9. International transfers
Providing Maria involves transfers of personal data to the United States and other jurisdictions where our sub-processors operate. For GDPR-governed transfers, the parties agree to rely on appropriate safeguards such as the European Commission's Standard Contractual Clauses, which are incorporated by reference. For DPDP-governed transfers, the parties will comply with the applicable notified framework. The Customer authorizes these transfers as part of the Service.
10. Return and deletion of data on termination
On termination of the Customer's subscription:
- The Customer may request an export of the personal data processed through Maria in a structured, commonly used, machine-readable format within 30 days of termination.
- Unless legally required to retain it, Tinkr Labs will delete the personal data from its primary systems within 30 days of termination (or within 30 days of the Customer's export request, whichever is later).
- Encrypted backups containing the data will be overwritten on the normal rotation schedule, within a further 30 days.
- Tinkr Labs may retain minimum records required by law (for example, Indian tax and accounting records for up to 8 years). Those records will be protected by the same safeguards as active data.
11. Data-subject requests
If Tinkr Labs receives a request directly from an end user seeking to exercise data-protection rights in relation to data processed on the Customer's behalf, Tinkr Labs will forward that request to the Customer and will not respond on the Customer's behalf except where required by law.
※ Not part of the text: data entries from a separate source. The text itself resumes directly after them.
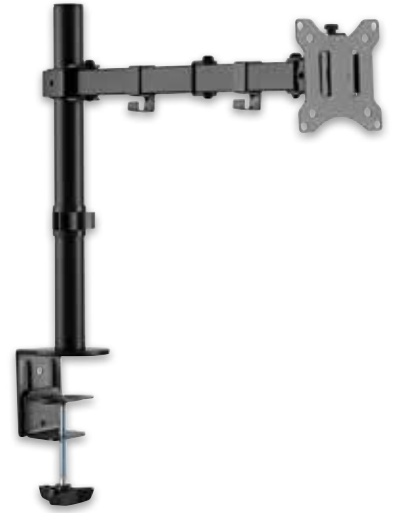

DIGITUS® Universal Single Monitor Klemmhalterung

Die Desktophalterung bietet Ihnen die Möglichkeit, Monitore von 17" - 32" individuell auszurichten

Technical Features

- Für Monitore von 17" bis 32" (VESA 75 / 100) bis 8 kg Gesamtgewicht
- Monitore schwenkbar, neigbar, drehbar und höhenverstellbar
- Einfache Installation durch Klemmbefestigung am Schreibtisch
- Quick-Release Funktion (Schnellverschluss) - ermöglicht schnelles Anbringen oder Entfernen des Monitors

DIGITUS® Universal Single Monitor Clamp Mount

Monitors of 17" - 32" can be individually fixed with the desktop bracket

- For monitors 17" to 32" (VESA 75 / 100) up to 8 kg total weight
- The monitor can be swiveled, tilted or turned
- Simple installation on your desk with a clamp fixture
- Quick release function - enables the monitor to be attached or removed quickly

DA-90399 EAN 4016032465164 | Universal Single Monitor Clamp Mount

DIGITUS® Universal Dual Monitor Klemmhalterung

Die Desktophalterung bietet Ihnen die Möglichkeit, Monitore von 17" - 32" individuell auszurichten

Technical Features

- Für Monitore von 17" bis 32" (VESA 75 / 100) bis 8 kg Gesamtgewicht
- Monitore schwenkbar, neigbar, drehbar und höhenverstellbar
- Einfache Installation durch Klemmbefestigung am Schreibtisch
- Quick-Release Funktion (Schnellverschluss) - ermöglicht schnelles Anbringen oder Entfernen des Monitors

DIGITUS® Universal Dual Monitor Clamp Mount

Monitors of 17" - 32" can be individually fixed with the desktop bracket

- For monitors 17" to 32" (VESA 75 / 100) up to 8 kg total weight
- The monitors can be swiveled, tilted or turned
- Simple installation on your desk with a clamp fixture
- Quick release function - enables the monitors to be attached or removed quickly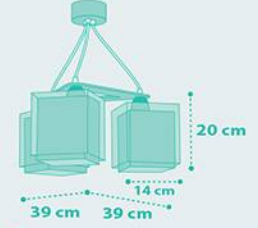

E-27
1 x 60W máx.

63324

11 cm
máx. E-27
3 x 60W máx.

Tinkr Labs will provide reasonable assistance to help the Customer respond.
12. Liability and precedence
The liability provisions in the main Terms of Service apply to this DPA. In the event of a conflict between this DPA and the Terms, this DPA governs solely with respect to the subject matter of data processing.
13. How to sign this DPA
This DPA is effective upon the earlier of (a) the Customer entering into a paid subscription to Maria for business use, or (b) the Customer countersigning a copy and returning it to hello@tinkrlabs.ai. If you require a signed copy for your records, please contact us and we will provide one.
Last updated: [DATE]. These are draft documents and should be reviewed by a licensed attorney before use.